Question
What does it mean that depth versus breadth in hierarchies?
Quick Answer
Going deep in one branch versus wide across many branches are different strategies with different costs — and the right choice depends on whether you need resolution or coverage.
Going deep in one branch versus wide across many branches are different strategies with different costs — and the right choice depends on whether you need resolution or coverage.

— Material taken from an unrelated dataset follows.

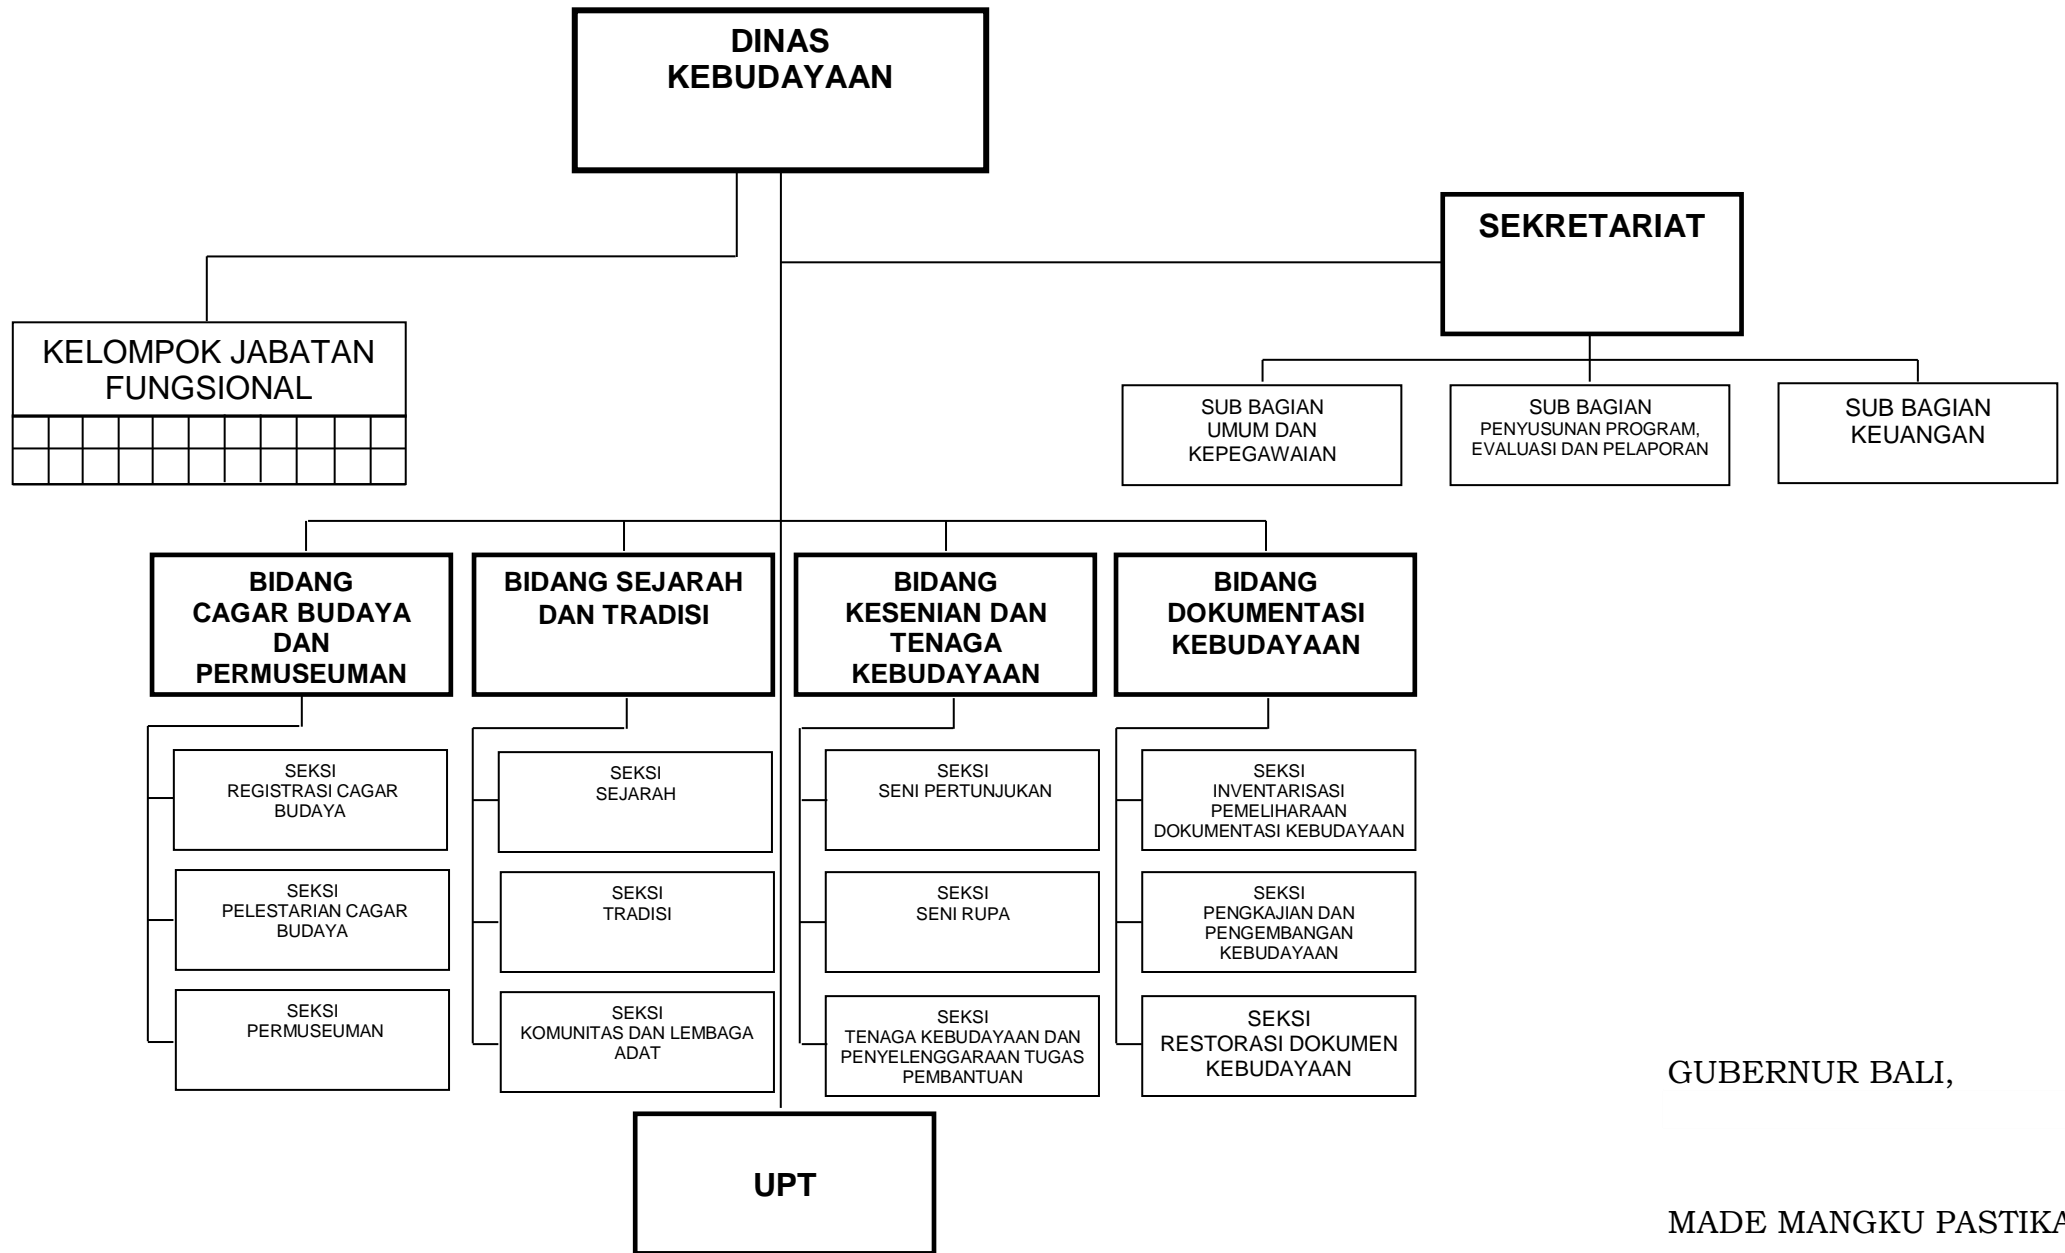

LAMPIRAN PERATURAN GUBERNUR BALI TANGGAL 20 DESEMBER 2016 NOMOR 80 TAHUN 2016  
 TENTANG KEDUDUKAN, SUSUNAN ORGANISASI, TUGAS DAN FUNGSI, SERTA TATA KERJA DINAS KEBUDAYAAN PROVINSI BALI

GUBERNUR BALI,

MADE MANGKU PASTIKA

Example: You are reorganizing your notes on decision-making. You could create ten top-level categories (broad/shallow) — risk, bias, heuristics, frameworks, emotions, speed, reversibility, group dynamics, consequences, meta-decisions — and drop notes loosely into each. Or you could build three deep branches — risk (subdivided into probability, exposure, tolerance, mitigation, acceptance), bias (subdivided into cognitive, social, confirmation, anchoring, survivorship), and frameworks (subdivided into expected value, regret minimization, OODA, pre-mortem, second-order). The broad version lets you find topics fast. The deep version lets you think with precision inside each topic. Neither is wrong — they solve different problems.
Try this: Pick one branch of your personal knowledge system (a folder, a tag, a category). Count its depth — how many levels exist between the top-level label and the most specific item? Then count its breadth — how many items sit at the top level? Write down which feels like the bottleneck right now: are you losing nuance because everything is lumped at one level (too shallow), or are you losing orientation because you cannot remember what lives five levels down (too deep)? Restructure one section to fix that specific bottleneck.